Author : William L. William L. Hamilton
Publisher : Springer Nature
Page : 141 pages
File Size : 36,6 MB
Release : 2022-06-01
Category : Computers
ISBN : 3031015886
Graph-structured data is ubiquitous throughout the natural and social sciences, from telecommunication networks to quantum chemistry. Building relational inductive biases into deep learning architectures is crucial for creating systems that can learn, reason, and generalize from this kind of data. Recent years have seen a surge in research on graph representation learning, including techniques for deep graph embeddings, generalizations of convolutional neural networks to graph-structured data, and neural message-passing approaches inspired by belief propagation. These advances in graph representation learning have led to new state-of-the-art results in numerous domains, including chemical synthesis, 3D vision, recommender systems, question answering, and social network analysis. This book provides a synthesis and overview of graph representation learning. It begins with a discussion of the goals of graph representation learning as well as key methodological foundations in graph theory and network analysis. Following this, the book introduces and reviews methods for learning node embeddings, including random-walk-based methods and applications to knowledge graphs. It then provides a technical synthesis and introduction to the highly successful graph neural network (GNN) formalism, which has become a dominant and fast-growing paradigm for deep learning with graph data. The book concludes with a synthesis of recent advancements in deep generative models for graphs—a nascent but quickly growing subset of graph representation learning.

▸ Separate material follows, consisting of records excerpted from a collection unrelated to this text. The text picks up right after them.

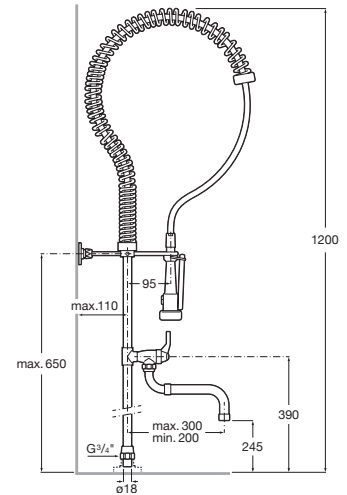

Caño espiral industrial de 1200 mm de una salida.

A5A8564C00

Acabados:

Instant Pro

Caño espiral industrial de 1200 mm de dos salidas.

A5A8664C00

Acabados:

Instant Pro

Author : Giuliana Davidoff
Publisher : Cambridge University Press
Page : 156 pages
File Size : 45,8 MB
Release : 2003-01-27
Category : Mathematics
ISBN : 9780521824262
This text is a self-contained study of expander graphs, specifically, their explicit construction. Expander graphs are highly connected but sparse, and while being of interest within combinatorics and graph theory, they can also be applied to computer science and engineering. Only a knowledge of elementary algebra, analysis and combinatorics is required because the authors provide the necessary background from graph theory, number theory, group theory and representation theory. Thus the text can be used as a brief introduction to these subjects and their synthesis in modern mathematics.
Author : Chris Godsil
Publisher : Springer Science & Business Media
Page : 453 pages
File Size : 38,65 MB
Release : 2013-12-01
Category : Mathematics
ISBN : 1461301637
This book presents and illustrates the main tools and ideas of algebraic graph theory, with a primary emphasis on current rather than classical topics. It is designed to offer self-contained treatment of the topic, with strong emphasis on concrete examples.
Author : M. T. Barlow
Publisher : Cambridge University Press
Page : 239 pages
File Size : 44,42 MB
Release : 2017-02-23
Category : Mathematics
ISBN : 1107674425
Useful but hard-to-find results enrich this introduction to the analytic study of random walks on infinite graphs.